具体的には、留学・受験・就活・結婚(恋愛)・子育てといったテーマを選び、それに該当する人をとにかく探し、インタビューやら座談会を繰り返した。サイトのデザインを見せること無く、とにかくそのイベント時の心境などを語ってもらった。

この活動は1月くらいまで断続的にやっていただろうか。

何か、すごく遠回りしたような気がしていたのだが、今振り返ってみると、「相談」が持つ本質的な価値や、何が揃うとその価値が提供されるのかといったところを、深く議論できたのはよかったのかなと思う。

スピードは犠牲にした気もするが、ココナラはとりあえず仕組みだけ出せばなんとかなるサービスだとは思っていなかったので、(もっとうまいやり方はあったにせよ)正しい道を通ってきたのかもしれない。

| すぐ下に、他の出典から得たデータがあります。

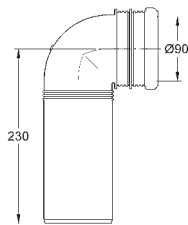

Coude de départ en PP Ø 90 mm

réglable en profondeur

・・・さて、随分と長くなってしまったので、今日はここまで。

続編では、もう少しビジネスデベロップメントに近い話を書きます。

当時のプレゼン資料を晒すのは結構恥ずかしいのだが、誰かの参考になったらいいし、少なくとも面白がってくれれば幸い。

なお、ココナラを知らない人には何の話かわからないだろうから、よかったら登録してみてください。登録するだけなら無料なので(笑)





(一緒に知識・スキルの販売サイト「ココナラ」を育ててくれるエンジニアやインターンを募集しています)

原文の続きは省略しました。